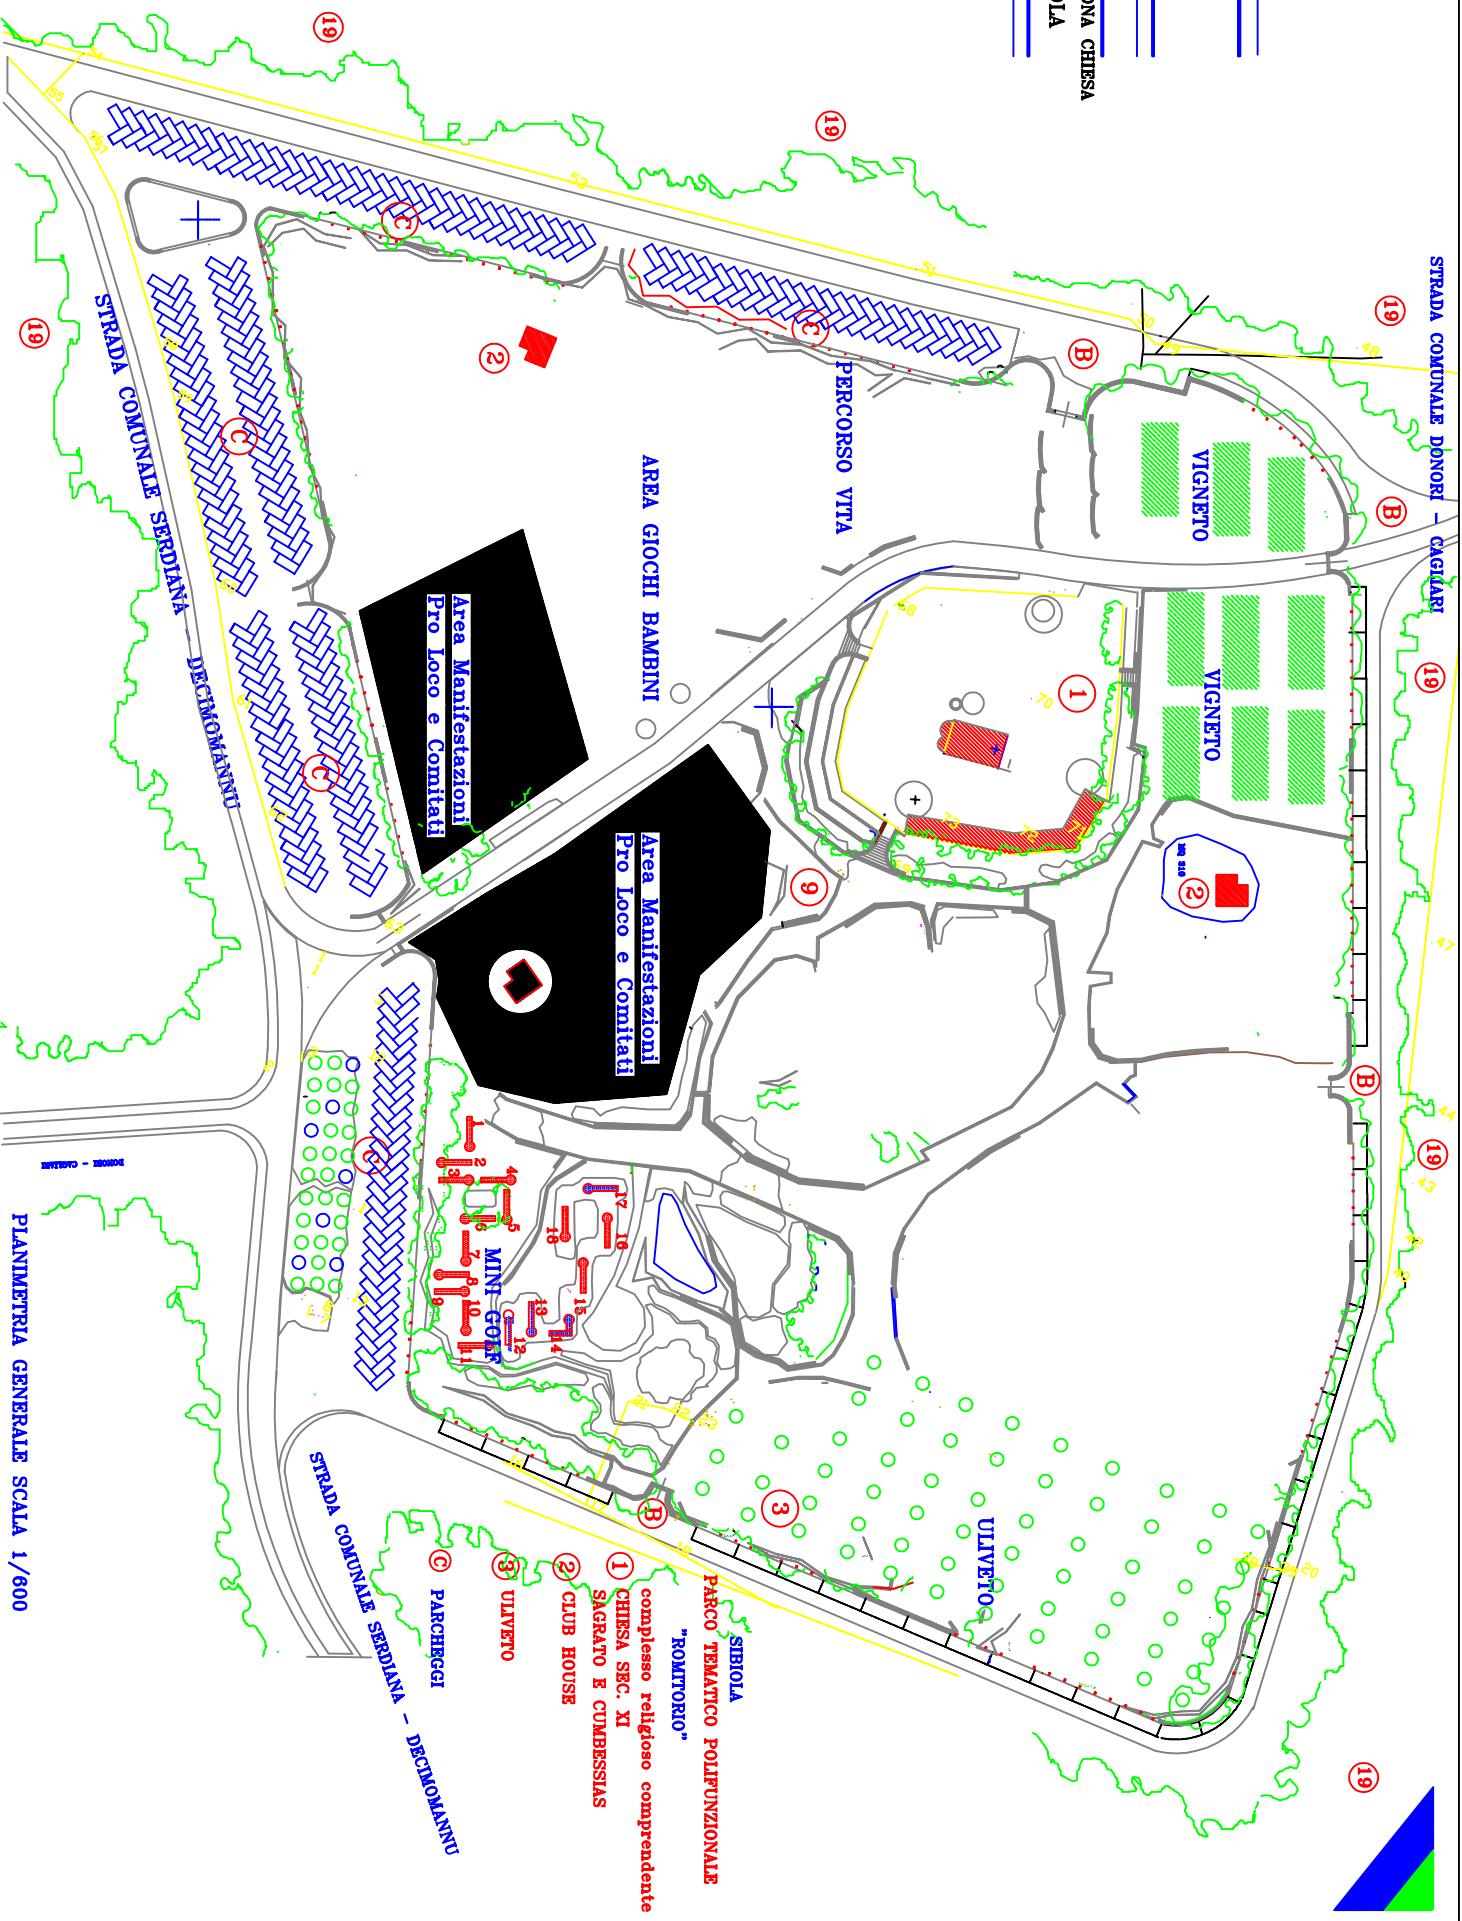

**COMUNE DI SERDIANA**

---

**PROGETTO**

---

**GENERALE SISTEMAZIONE ZONA CHIESA  
SANTA MARIA DI SIRIOLA**

PLANIMETRIA GENERALE SCALA 1/600
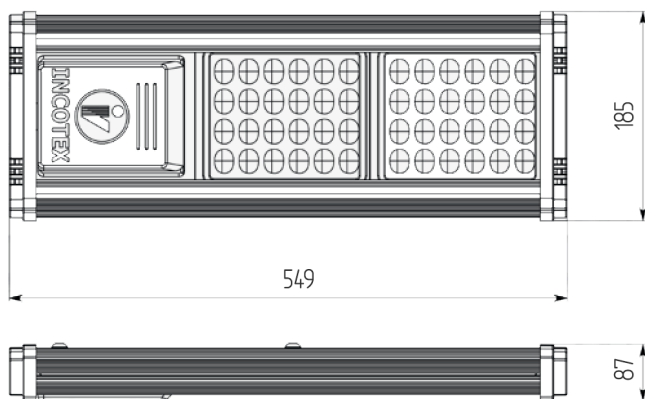

MAG44-180

(арт. 7-07-180-05-0-12-02-215-7-40-65)

Параметр	Значение
Мощность	180 Вт
Цветовая температура	4000 К
Световой поток	24 300 лм
CRI	70
Степень защиты	IP65
Тип крепления	48
Габариты ДхШхВ	549x185x85 мм
Масса нетто	2,4 кг
Напряжение	230 В
Частота	50 Гц
Коэффициент мощности	> 0,96
Коэффициент пульсаций	<5 %
Диапазон рабочих температур	-45 ... +50 °С
IK	10
Стандартный цвет	RAL7036
Ресурс работы светильника	>50 000 час
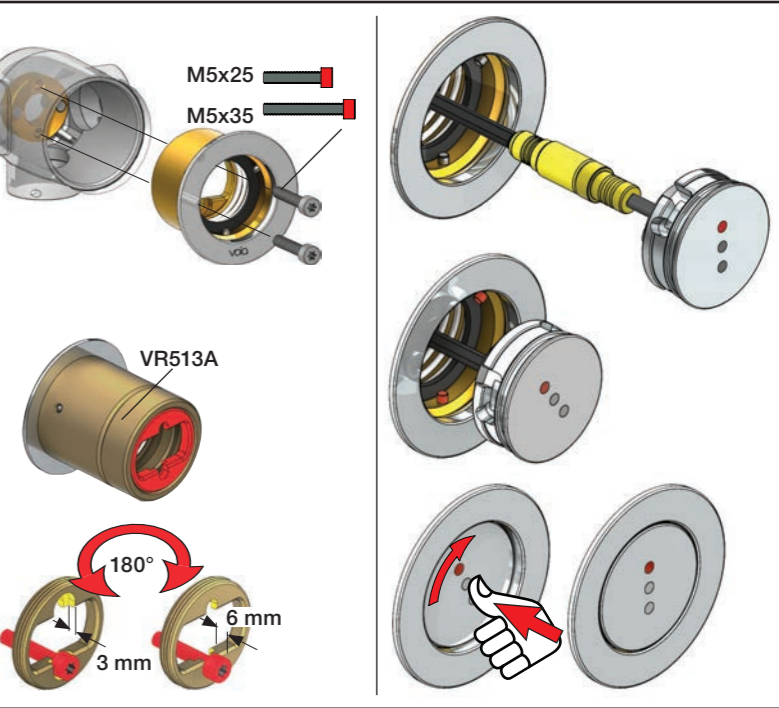

GEBERIT, 115.862.00.6

GEBERIT, 115.861.00.6

UP320:
Inspection hatch:
Revisionsplatte:
Inspektionsluge:
Inspectieluik:
Inspektionslucka:
Trappe d'inspection:

Single flush:
Einmengenspülung:
Enkeltskyl:
Enkel spoeltechniek:
Enkelspolning:
Simple ringage:

A OMEGA
Wiring diagram
Schaltplan
Ledningsdiagram

kopplingschema
Aansluitschema
Schéma de câblage

2

B SIGMA
Wiring diagram
Schaltplan
Ledningsdiagram

kopplingschema
Aansluitschema
Schéma de câblage

2

2x13 mm Lightweight wall
Leichtwand
Let væg

Lätta konstruktion
Holle wandconstructie
Construction légère

**1x15 mm
1x18 mm
1x20 mm** Lightweight wall
Leichtwand
Let væg

Lätta konstruktion
Holle wandconstructie
Construction légère

Masonry Murverk
Mauerwerk Massieve wand
Murværk Mur Plein

Extension
Verlängerung
Forlængerdele

Förlängning
Aanpassing
Modification

	T	Y	VR513A
	3 - 15 mm	110 - 98 mm	Std.
	15 - 25 mm	98 - 88 mm	x1
	25 - 35 mm	88 - 78 mm	x2
	35 - 45 mm	78 - 68 mm	x2
	45 - 55 mm	68 - 58 mm	x2
	55 - 65 mm	58 - 48 mm	x3
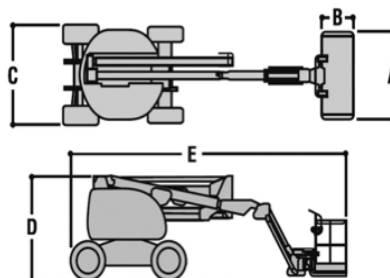

PODNOŚNIK SAMOJEZDNY

JLG 450AJSII

teleskopowo-przegubowy

P16

diesel

	Maksymalna wysokość robocza	15,72 m
	Maksymalna wysokość platformy	13,72 m
	Napęd	4 koła
	Koła	czarne, protektor
	Masa własna	6918 kg
	Udźwig	230 kg
A x B	Wymiary kosza	1,83 x 0,76 m
E x C x D	Wymiary urządzenia	6,71 x 2,34 x 2,29 m
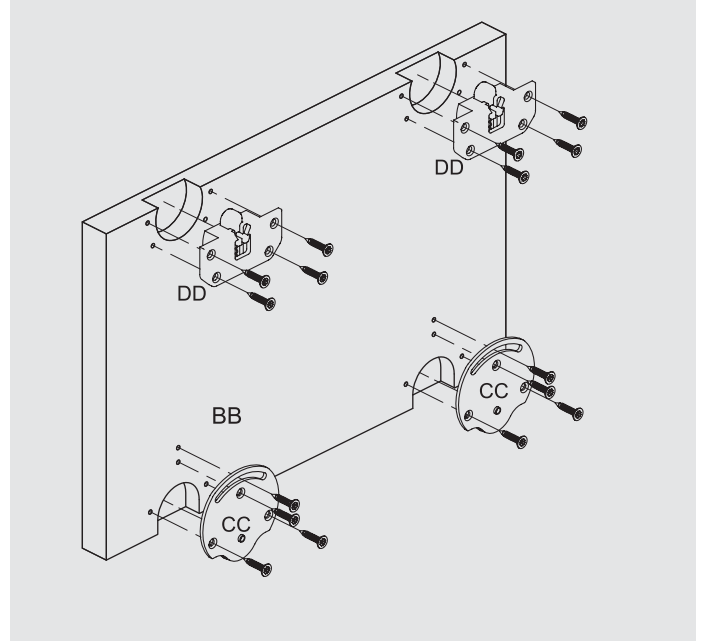

NOT: PARANTEZ İÇİNDEKİ ÖLÇÜLER "18mm" ve "22mm" KALINLIĞINDAKİ KAPAKLARDA DA GEÇERLİDİR.
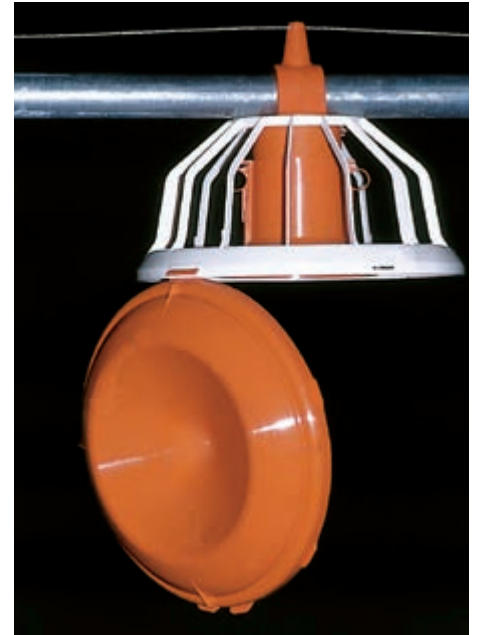

doldurulabilen çeşitli yemlikler sunuyoruz:

- ✓ BigPan 330
- ✓ BigPan Plus
- ✓ MultiPan
- ✓ MultiPan Plus

Helezon Yemlik sistemi aşağıdakilerden oluşur:

- ✓ yem kazanının alt ve üst kısmı
- ✓ yem kazanı eklemesi
- ✓ helezon konveyörlü boru
- ✓ yemlik
- ✓ helezonu durdurmak için otomatik sensörlü motor ünitesi
- ✓ vinçli askı sistemi
- ✓ tüneme önleyici tel

Eklemeye sahip olmayan (1) veya sahip olan (2) yem kazanının üst kısmı, kolaylıkla alt kısımdan (3) ayrılabilir. Böylece, tüm sistem tavan boyunca vinçle taşınabilir. Bu, gübre çıkarımı esnasında yemliklerin altında maksimum yüksekliği sağlar. Sağlam motor ünitesi (4) ve kuvvetli helezon; 150 metreye kadar aktarma uzunluğu sağlar. Tüm yemlikler yem ile dolduğunda, kontrol yemliğindeki (6) sensör (5) otomatik olarak üniteyi kapatır.

Kaloriferli sıcak su ısıtıcısı – Big Dutchman HeatMaster- tarafından broylerlere ısı sağlanabilmektedir

ların başarılı bir şekilde yetiştirilmesine ve büyütülmesine ola

BigPan 330 – Kesin olarak kanıtlanmış piliç yetiştirme yemliği

HİJYEN çok önemlidir. Yıkamadan sonra dönebilen yemlik menteşe kısmından açılarak kirli suyun akması sağlanır. Yemliği kurutmak için basitçe alt menteşelerini çıkarın. Kir girebilecek çatlak ve yarıklar yoktur.
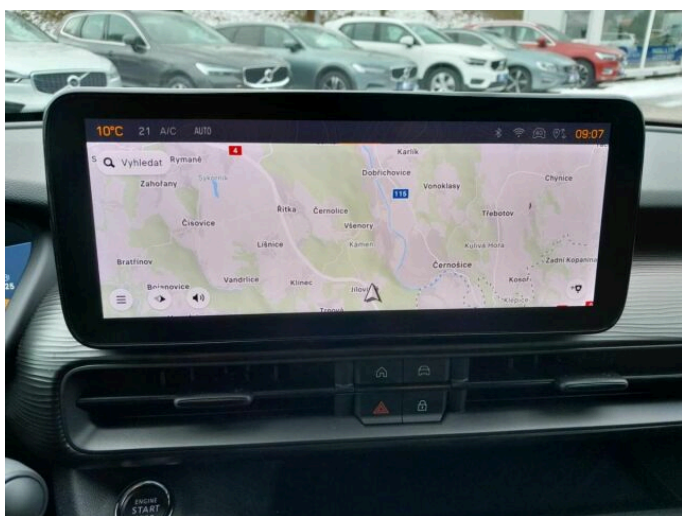

> Fotogalerie modelu
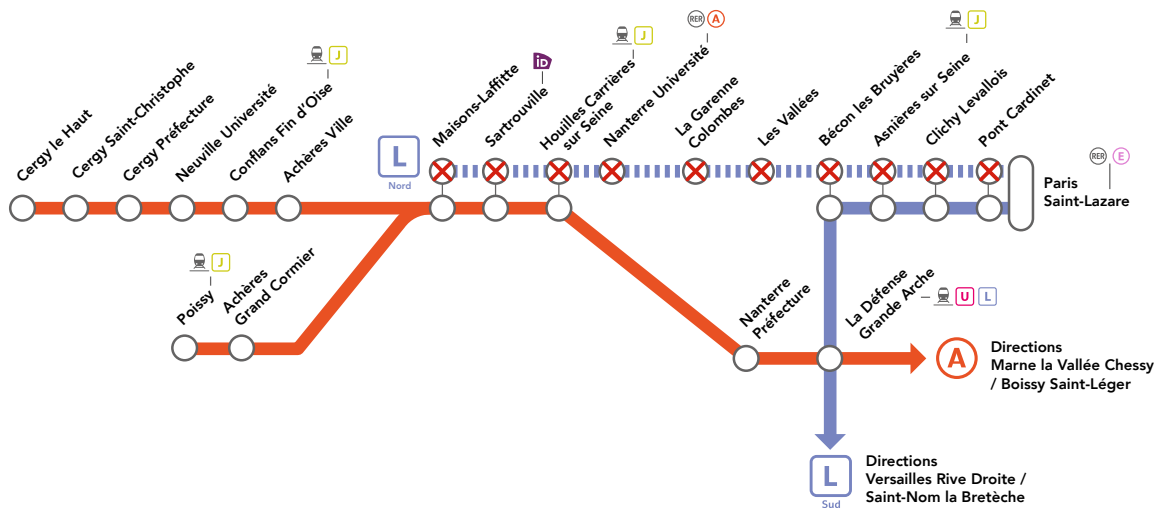

À partir de 22h30

- **entre Sartrouville et Cergy le Haut :**
empruntez un train de la ligne **A** jusqu'à **Sartrouville**
puis le bus de remplacement SNCF.

LE WEEK-END

NOV.

10
et 11

NOV.

17
et 18

LIGNE L NORD FERMÉE

DE 11H45 À 12H15 ENTRE PARIS SAINT-LAZARE
& NANTERRE UNIVERSITÉ / MAISONS-LAFFITTE

LES TRAINS L NORD SUPPRIMÉS
ENTRE 11H45 ET 12H15

DÉPART	ARRIVÉE
Paris Saint-Lazare 11h59	Nanterre Université 12h18
Nanterre Université 12h07	Paris Saint-Lazare 12h26
Paris Saint-Lazare 12h07	Maisons-Laffitte 12h33
Maisons-Laffitte 12h10	Paris Saint-Lazare 12h38
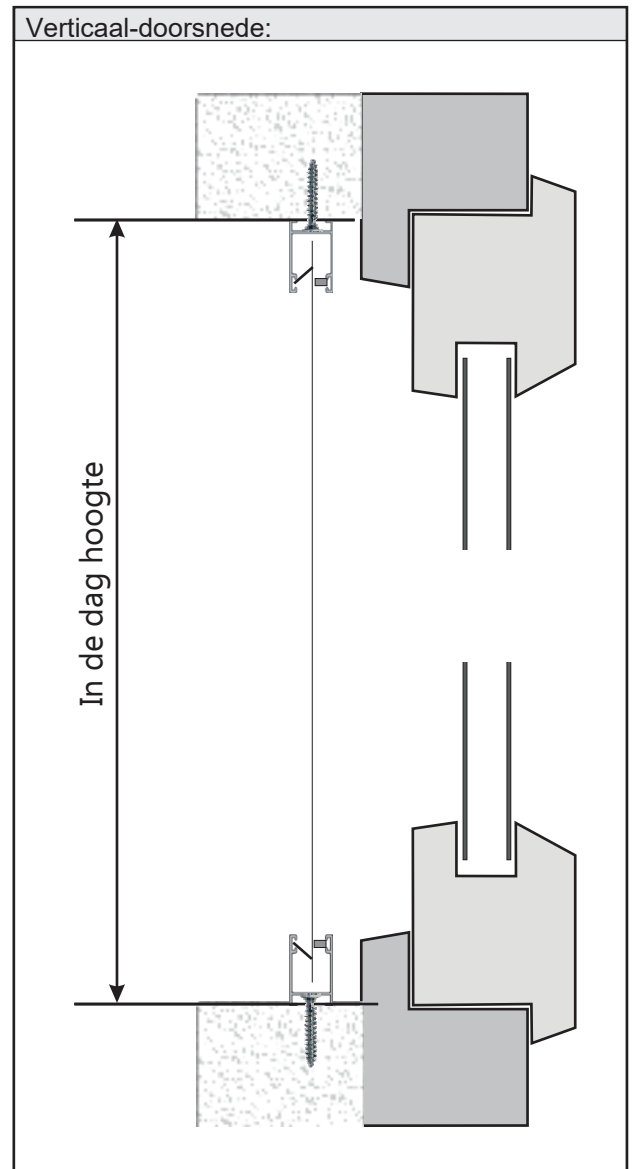

Adria Type H-L-NS

Toepassingsgebied:
Montage in de dag bij deuren, Borstel sluit af naar het U-profiel toe.
Borstelpositie: Zijdelings
Inbouwdiepte: 40 mm
Bestelmaten:
Breedte: In de dag breedte Hoogte: In de dag hoogte
Bij verschillende breedte en/of hoogte maten de kleinste maat opgeven
Maximale bestelbreedte: Zie internet Maximale bestelhoogte: Zie internet

Adria Type H-RF-NS / H-F-NS

Toepassingsgebied:
Montage op het kozijn van de deur De borstel sluit af naar het U-profiel toe. Bij wandmontage H-F-NS is het deurkozijn gelijk aan de wand op de afbeelding! Borstelpositie: zijdelings Inbouwdiepte: 40 mm
Bestelmaten:
Breedte: In de dag breedte Hoogte: In de dag hoogte
Bij verschillende breedte en/of hoogte maten de kleinste maat opgeven
Maximale bestelbreedte: Zie internet Maximale bestelhoogte: Zie internet

Adria Type D-L-NS

Toepassingsgebied:
 Montage in de muuruitsparing bij 2-zijdige of bredere deuren.
 Afdichting door middel van magnetische sluiting. De vaste positie van de handgreetrails van beide rolgordijnen is vrij te kiezen, maar één zijde mag niet groter zijn dan 1400 mm!
Borstelpositie: magnetische sluiting zijdelings
Inbouwdiepte: 40 mm

Adria Type D-RF-NS / D-F-NS

Toepassingsgebied:
Montage op het deurkozijn bij 2-zijdige of bredere deuren. Afdichting door middel van magnetische sluiting. De vaste positie van de handgriep rails van beide rolgordijnen is vrij te kiezen, maar één zijde mag niet groter zijn dan 1400 mm! Borstelpositie: magnetische sluiting zijdelings Inbouwdiepte: 40 mm
Bestelmaten:
Breedte: In de dag breedte Hoogte: In de dag hoogte
Bij verschillende breedte en/of hoogte maten de kleinste maat opgeven
Maximale bestelbreedte: Zie internet Maximale bestelhoogte: Zie internet

════════════════

[THE PROBLEM]: Search the entries for the word "GEBERIT". Copy every line where it occurs.

[EXERCISE ANSWER]:
GEBERIT, 115.862.00.6
GEBERIT, 115.861.00.6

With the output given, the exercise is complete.